(Data extracted from a collection)
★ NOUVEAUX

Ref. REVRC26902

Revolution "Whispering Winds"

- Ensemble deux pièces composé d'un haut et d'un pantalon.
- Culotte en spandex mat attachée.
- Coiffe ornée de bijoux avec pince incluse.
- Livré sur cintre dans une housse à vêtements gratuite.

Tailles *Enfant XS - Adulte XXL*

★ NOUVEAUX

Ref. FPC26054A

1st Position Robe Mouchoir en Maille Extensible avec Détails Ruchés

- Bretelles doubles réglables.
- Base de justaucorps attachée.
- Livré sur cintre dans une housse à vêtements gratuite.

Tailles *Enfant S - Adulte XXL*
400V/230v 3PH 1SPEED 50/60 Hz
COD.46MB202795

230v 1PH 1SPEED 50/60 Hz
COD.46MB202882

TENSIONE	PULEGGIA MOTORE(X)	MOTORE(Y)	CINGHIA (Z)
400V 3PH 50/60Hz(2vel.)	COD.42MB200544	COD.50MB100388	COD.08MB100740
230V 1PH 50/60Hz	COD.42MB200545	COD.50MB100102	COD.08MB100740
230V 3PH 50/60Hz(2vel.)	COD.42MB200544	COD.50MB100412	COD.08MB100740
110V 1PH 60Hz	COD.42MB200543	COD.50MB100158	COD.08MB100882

...

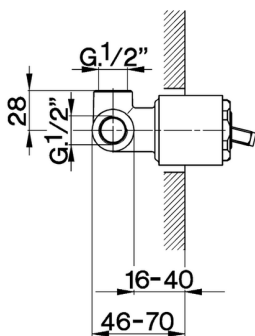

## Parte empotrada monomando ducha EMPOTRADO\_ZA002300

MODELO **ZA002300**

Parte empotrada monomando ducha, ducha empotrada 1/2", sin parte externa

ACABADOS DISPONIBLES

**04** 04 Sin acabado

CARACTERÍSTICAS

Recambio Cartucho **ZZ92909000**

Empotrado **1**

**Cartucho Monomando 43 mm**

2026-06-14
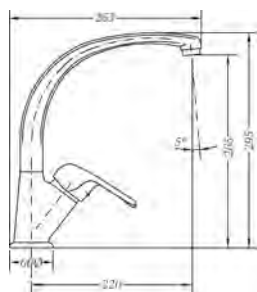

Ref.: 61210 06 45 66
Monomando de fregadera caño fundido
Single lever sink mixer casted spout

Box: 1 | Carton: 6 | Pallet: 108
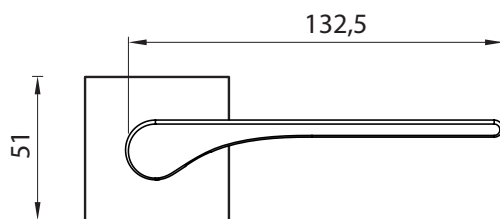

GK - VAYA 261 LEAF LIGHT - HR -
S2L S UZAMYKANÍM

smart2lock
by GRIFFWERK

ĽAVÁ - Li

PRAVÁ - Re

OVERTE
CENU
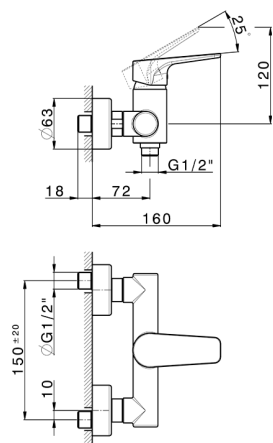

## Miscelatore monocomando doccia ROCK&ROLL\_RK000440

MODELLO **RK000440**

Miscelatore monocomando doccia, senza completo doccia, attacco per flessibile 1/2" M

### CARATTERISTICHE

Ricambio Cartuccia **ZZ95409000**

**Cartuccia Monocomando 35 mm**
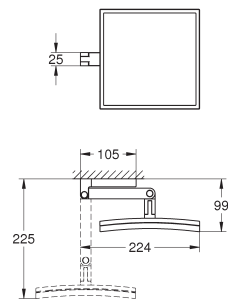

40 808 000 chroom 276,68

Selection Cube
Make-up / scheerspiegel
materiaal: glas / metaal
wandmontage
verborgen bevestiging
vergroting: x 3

• **Task prompt**
Output only the lines above from the one containing "CARACTERÍSTICAS" to the one containing "vergroting: x 3", both included, exactly as written and with no pictures.

• **Your solution**
CARACTERÍSTICAS

Recambio Cartucho **ZZ92909000**

Empotrado **1**

**Cartucho Monomando 43 mm**

2026-06-14

Ref.: 61210 06 45 66
Monomando de fregadera caño fundido
Single lever sink mixer casted spout

Box: 1 | Carton: 6 | Pallet: 108

GK - VAYA 261 LEAF LIGHT - HR -
S2L S UZAMYKANÍM

smart2lock
by GRIFFWERK

ĽAVÁ - Li

PRAVÁ - Re

OVERTE
CENU

## Miscelatore monocomando doccia ROCK&ROLL\_RK000440

MODELLO **RK000440**

Miscelatore monocomando doccia, senza completo doccia, attacco per flessibile 1/2" M

### CARATTERISTICHE

Ricambio Cartuccia **ZZ95409000**

**Cartuccia Monocomando 35 mm**

40 808 000 chroom 276,68

Selection Cube
Make-up / scheerspiegel
materiaal: glas / metaal
wandmontage
verborgen bevestiging
vergroting: x 3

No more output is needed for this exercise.